Day 2: Portland & Environs

I slept well and headed out the next day to Portland. My guidebook and my host had suggested a number of places on Commercial Street, so I drove that way and was lucky to find clearly marked directions and on street parking.

Portland bustles with people, particularly on a holiday weekend. I started by window shopping along the street, chatting with friendly sales people. The town has a 19th century charm, and I soon found myself drawn further into the city away from the waterfront, wandering from store to store until I reached Monument Square, which commemorates Maine’s participation in the Civil War.

Since one of the shopkeepers suggested that I eat at the Portland Lobster Company on the waterfront, I headed back to the waterfront for lunch. The wait was long, but I eventually sat out on their deck with my first lobster roll and some local cider, passing up some interesting desert options along the way.

After lunch,I headed back into the town. My first stop was the Sweetgrass Winery Tasting Room, where I joined two other groups in tasting gin and wine. We all provided each other with advice on selecting from the very interesting menu of options. I left with two bottles of wine, and felt the after-effects of drinking wine while being dehydrated. Despite this, I found my way to the Maine Historical Society and Wadsworth Longfellow House.

The home is the oldest standing structure on the Portland peninsula and was where Henry Wadsworth Longfellow spent his early life until moving to Boston to teach at Harvard. The house was built by his grandfather shortly after his service in the American Revolutionary War and remained in the family until his sister donated it to the Maine Historical Society in 1901. It is well preserved, and offers a mostly self-guided tour of both the house and gardens, which was hosting a poetry reading that night. I spent time talking with some of the historical society staff, and learned that a lot of outsiders are coming to Maine, and that some think it is changing the character of the place. Some of those outsiders are tourists from further south who want newer homes and faster lives, and some are Somali refugees who flooded into the Lewiston area at the start of the millennium to the consternation of many long time residents. Later, it occurred to me that I should have coordinated my visit to meet a few academic colleagues. But the trip was for touring, so I bought a collection of Longfellow’s poems and a book on the new Mainers and headed back into the hot day.

Since I had eaten lunch, I stopped off at The Holy Donut for my afternoon snack. Now that I had circled the city twice by foot in the heat, my feet were blistered and sore and the sun had sapped quite a bit of energy. I eased into an empty Adirondack chair on Commercial Street, ate my donut, and decided to tour around in my car for a bit.

I headed across the Casco Bay Bridge to see some lighthouses. My first stop was the Portland Breakwater Lighthouse at Bug Light Park.

I took my sore feet and dying cell phone out to this little lighthouse, which was full of families celebrating the holiday. From there, I drove to Spring Point Ledge Lighthouse, which had fewer people.

It is very picturesque, but by this point, my feet were not up for the difficult walk out to the closed lighthouse, so I moved forward, hoping my cell phone had enough battery life for both photos and navigation through the rest of my day. My third lighthouse was Portland Head Light at Fort Williams Park.

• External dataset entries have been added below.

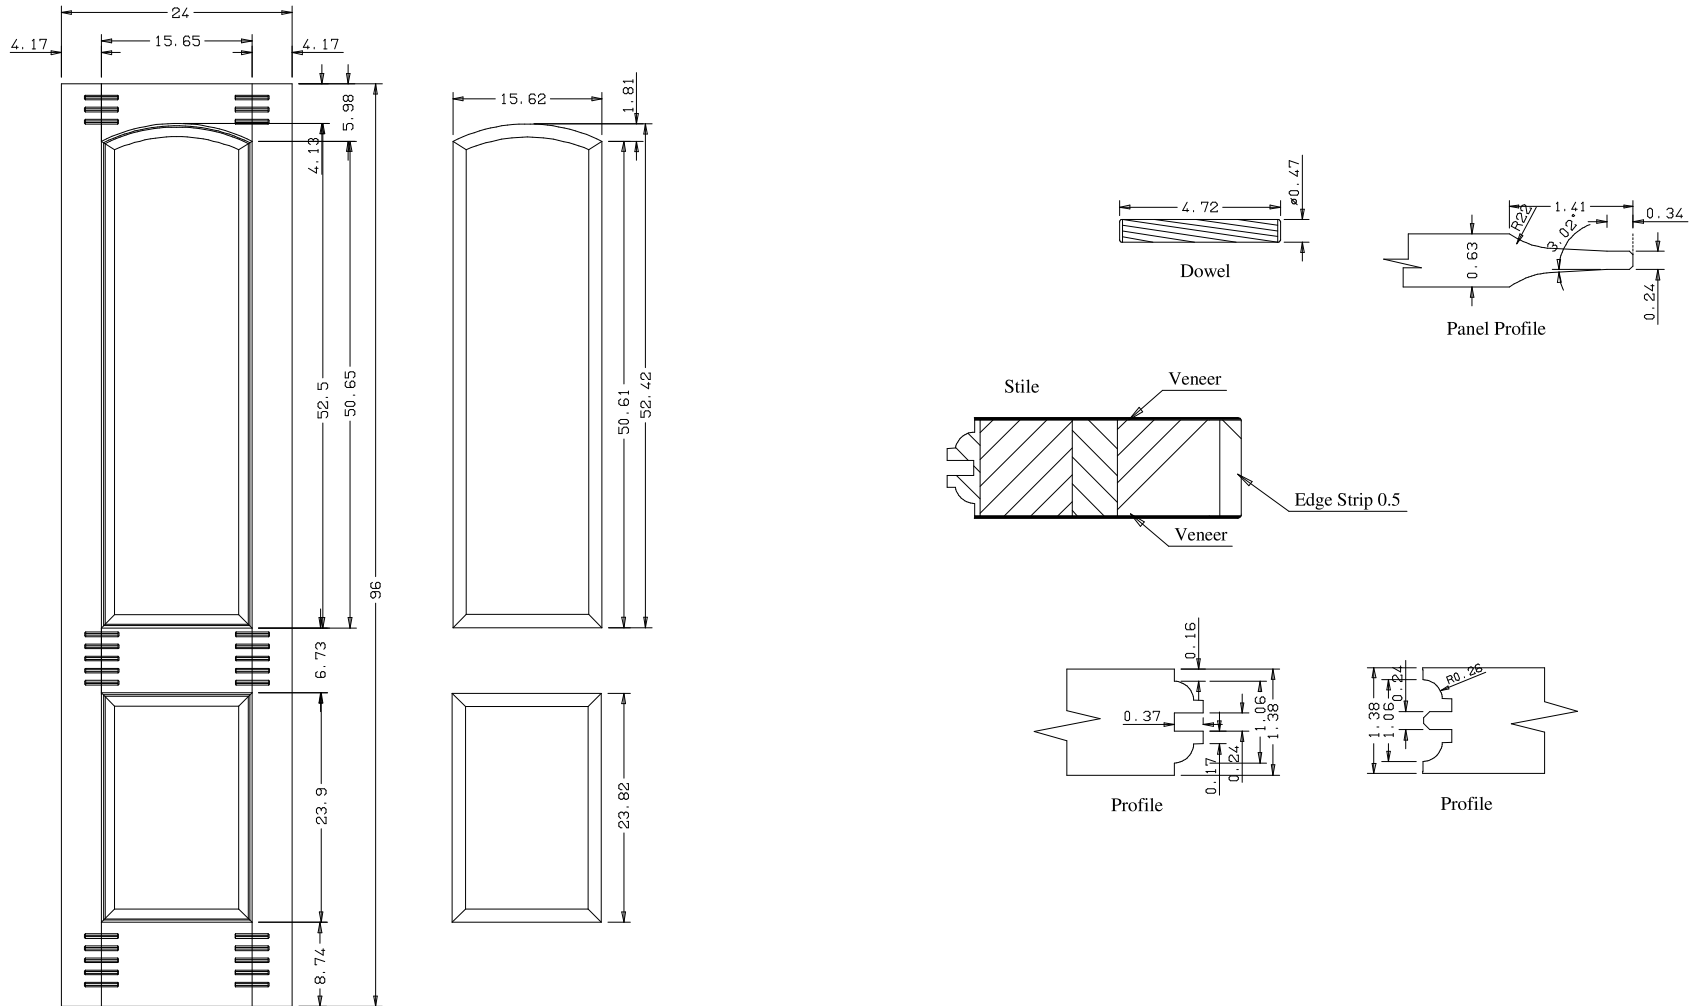

Titulo: RM#155 - 96" x 16" x35mm - Clear

SQUARE ONE
BUILDING PRODUCTS

Client	SQUARE ONE				
Designer	Luiz Antonio	Approval	Charles Agostini	Reviewed by	Luiz Antonio
Date	26-08-2022	Date	26-08-2022	Review Date	26-08-2022

Titulo: RM#155 - 96" x 18" x 35mm

SQUARE ONE
BUILDING PRODUCTS

Client	Square One				
Designer	Luiz Antonio Cirico	Approval	Charles	Reviewed by	Luiz Antonio
Date	24-05-2018	Date	24-05-2018	Review Date	24-05-2018

Titulo: RM#155 - 96" x 24" x 35mm

SQUARE ONE
BUILDING PRODUCTS

Client	963- Square One				
Designer	Luiz Antônio	Approval	Charles	Reviewed by	Luiz Antônio
Date	20-03-2019	Date	20-03-2019	Review Date	20-03-2019

Titulo: RM#155 - 96" x 32" x 35mm

Client	963- Square One				
Designer	Luiz Antônio	Approval	Charles	Reviewed by	Luiz Antônio
Date	23-06-2018	Date	23-06-2018	Review Date	23-06-2018

Dowel

Panel Profile

Profile

The keeper’s house was already closed when I got there, but the grounds were lush and easy to navigate. The iconic site was also full of families and picnickers, but is vast enough to not feel crowded. I was surprised that my cell phone had enough life for the photos.

Rather than push my luck trying to get to a few more remote sites, I headed back for the hotel, passing through Old Orchard Beach along the way. It was packed, with traffic stopped to a crawl so that police could direct traffic into and out of the town center. As I sat waiting on Rte 9 along the coast, I could see the two Maines that I had heard about at the Maine Historical Society. There was amble evidence of the new construction there, mingling with the older motel structures. There is considerable money to be made in holiday rentals at this beach, but it has crowded the place. The traffic was slower there than when I went to South Beach in Miami, and I did not see any compelling reason to stop in the town once I was waved into it. Instead, after a long, hot, wonderful day of touring, I headed back to my motel to put my feet up and get another good night of sleep.